- _WHAT YOU HAVE TO DO_
Lines before the one containing "ОПИСАНИЕ ПРОДУКТА" are left out; return that line and all lines after it, exactly, through the end of the records below.

* * * *

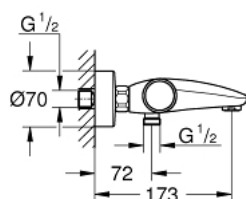

34 779 000 ТЕРМОСТАТ ДЛЯ ВАННЫ, DN 15

ОПИСАНИЕ ПРОДУКТА

- настенный монтаж
- **GROHE CoolTouch** безопасный корпус
- **GROHE StarLight** хромированная поверхность
- **GROHE SafeStop** стопор безопасности при 38°C
- •
- **GROHE SafeStop Plus** опционно ограничитель температуры на 43°C, включен
- **GROHE TurboStat** встроенный термоэлемент
- **ProGrip** эргономичные рукоятки с рифленной поверхностью
- встроенный стопор смешанной воды
- **GROHE AquaDimmer Plus** многофункциональный
- - **GROHE EcoButton**
  (встроенная кнопка с функцией экономии воды для душа)
- - регулировка расхода
- - переключатель: ванна/душ
- отвод для душа снизу 1/2"
- аэратор
- встроенные обратные клапаны
- грязеулавливающие фильтры
- с защитой от обратного потока
- скрытые S-образные эксцентрики
- металлическая розетка
- **GROHE EcoJoy** Технология совершенного потока при уменьшенном расходе воды

* * * *

- _WRITTEN SOLUTION_
ОПИСАНИЕ ПРОДУКТА

- настенный монтаж
- **GROHE CoolTouch** безопасный корпус
- **GROHE StarLight** хромированная поверхность
- **GROHE SafeStop** стопор безопасности при 38°C
- •
- **GROHE SafeStop Plus** опционно ограничитель температуры на 43°C, включен
- **GROHE TurboStat** встроенный термоэлемент
- **ProGrip** эргономичные рукоятки с рифленной поверхностью
- встроенный стопор смешанной воды
- **GROHE AquaDimmer Plus** многофункциональный
- - **GROHE EcoButton**
  (встроенная кнопка с функцией экономии воды для душа)
- - регулировка расхода
- - переключатель: ванна/душ
- отвод для душа снизу 1/2"
- аэратор
- встроенные обратные клапаны
- грязеулавливающие фильтры
- с защитой от обратного потока
- скрытые S-образные эксцентрики
- металлическая розетка
- **GROHE EcoJoy** Технология совершенного потока при уменьшенном расходе воды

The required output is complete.